(Beginning of Extracted records)

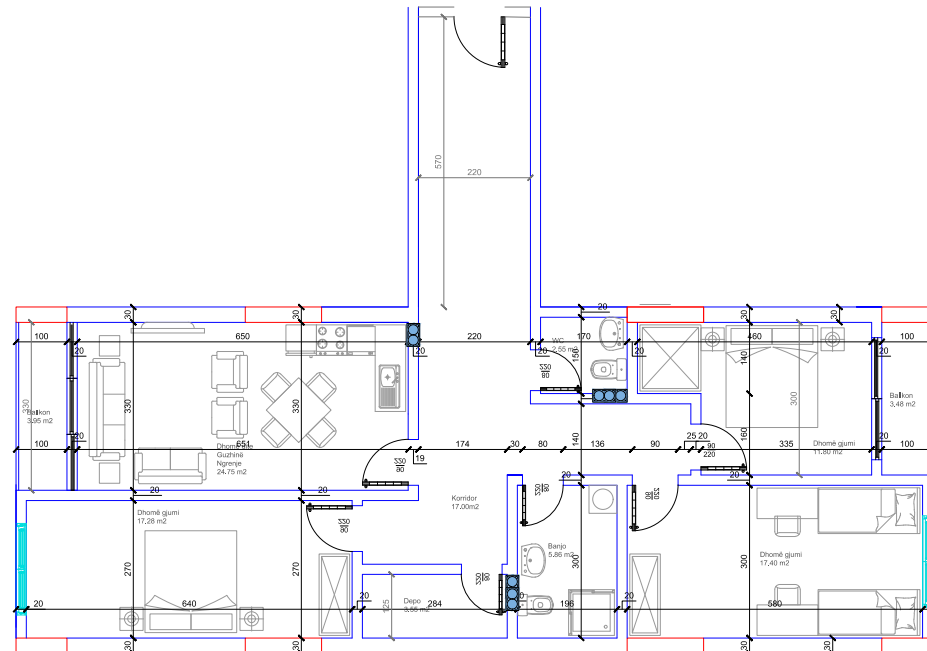

- Dhomë e ditës
- Tryezaria
- Kuzhina
- 2 Dhoma gjumi
- Banjo
- Koridor
- 2 Ballkona

HYRJA-D

KATI 3

BANESA 188

133.70 m²

- Dhomë e ditës
- Tryezaria
- Kuzhina
- 3 Dhoma gjumi
- 2 Banjo
- Koridor
- 2 Ballkona
- Depo

(End of Extracted records)

Task directions
An exact repetition of the listing is needed, with the pictures dropped.

Response to the exercise
- Dhomë e ditës
- Tryezaria
- Kuzhina
- 2 Dhoma gjumi
- Banjo
- Koridor
- 2 Ballkona

HYRJA-D

KATI 3

BANESA 188

133.70 m²

- Dhomë e ditës
- Tryezaria
- Kuzhina
- 3 Dhoma gjumi
- 2 Banjo
- Koridor
- 2 Ballkona
- Depo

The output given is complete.